Naming Conventions

By default, edge inference uses types and file formats only. This is often sufficient, but there can be ambiguous cases where more information is required for inference to give the desired result. Consider the following ambiguous workflow step, and workflow:

cwl_adapters/ambiguous.cwl

cwlVersion: v1.0

class: CommandLineTool

requirements:
  InlineJavascriptRequirement: {}

baseCommand: "true"

# This CommandLineTool is solely to demonstrate the --inference_use_naming_conventions feature.
# Each output simply returns the corresponding input.
# Since both outputs are of type string, inference (by default) cannot
# distinguish between the two outputs, and will always choose uniquename2
# since the outputs are considered ordered and matched from bottom to top.

inputs:
  uniquename1:
    type: string
    format: "someformat"

  uniquename2:
    type: string
    format: "someformat"

outputs:
  uniquename1:
    type: string
    # outputs of type: string cannot have formats
    outputBinding:
      outputEval: $(inputs.uniquename1)

  uniquename2:
    type: string
    # outputs of type: string cannot have formats
    outputBinding:
      outputEval: $(inputs.uniquename2)
docs/tutorials/naming_conventions.wic
steps:
- ambiguous:
    in:
      uniquename1: !ii string1
      uniquename2: !ii string2
- ambiguous:
docs/tutorials/naming_conventions.wic_no_flag.png

naming_conventions_no_flag

As mentioned above, since there is an ambiguity in the output types (both are type: string), inference has “incorrectly” connected the output uniquename2 to the input uniquename1 between steps 1 and 2. One solution is to use explicit edges.
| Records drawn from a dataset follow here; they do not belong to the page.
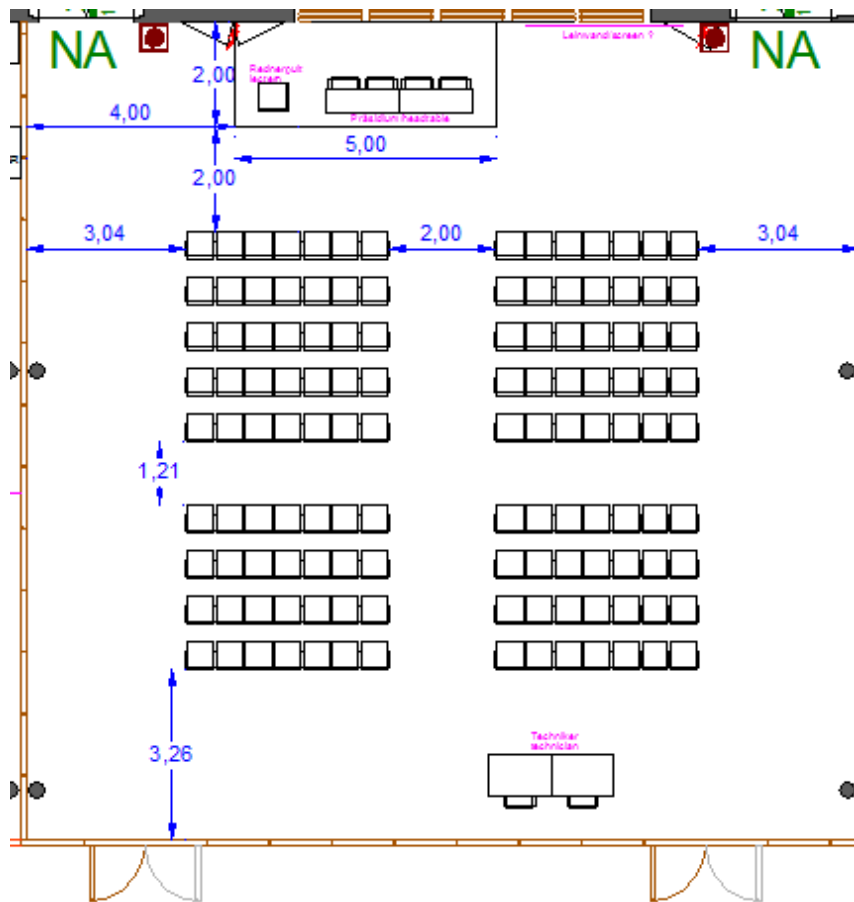

# Lecture Rooms at EuroEcho-Imaging 2014

1. Room Name: **LR7 MAHLER** Capacity: **100 pax**

2. Room Name: **LR6 PLEYEL** Capacity: **190 pax**

3. Room Name: **LR5 HAYDN** Capacity: **435 pax**

4. Room Name: **LR4 STRAUSS** Capacity: **435 pax**

5. Room Name: **LR3 MOZART** Capacity: **440 pax**

6. Room Name: **LR2 SCHUBERT** Capacity: **650 pax**

docs/tutorials/naming_conventions_explicit.wic
steps:
- ambiguous:
    in:
      uniquename1: !ii string1
      uniquename2: !ii string2
    out:
    - uniquename1: !& edge1
    - uniquename2: !& edge2
- ambiguous:
    in:
      uniquename1: !* edge1
      uniquename2: !* edge2
docs/tutorials/naming_conventions_explicit.wic.gv.png

naming_conventions_explicit

We can see that the input uniquename1 in step 2 is now “correctly” connected to the output uniquename1 in step 1. Another solution is to simply use the --inference_use_naming_conventions flag with the original workflow:

docs/tutorials/naming_conventions.wic
steps:
- ambiguous:
    in:
      uniquename1: !ii string1
      uniquename2: !ii string2
- ambiguous:
docs/tutorials/naming_conventions.wic_with_flag.png

naming_conventions_no_flag

Again we see that the input uniquename1 in step 2 is now “correctly” connected to the output uniquename1 in step 1.

While we can always use explicit edges, naming conventions can be used to eliminate duplication. This is particularly useful when the first step in a workflow reads some global configuration data which then needs to be passed to subsequent steps in the workflow. With --inference_use_naming_conventions, this does not have to be done expllicitly.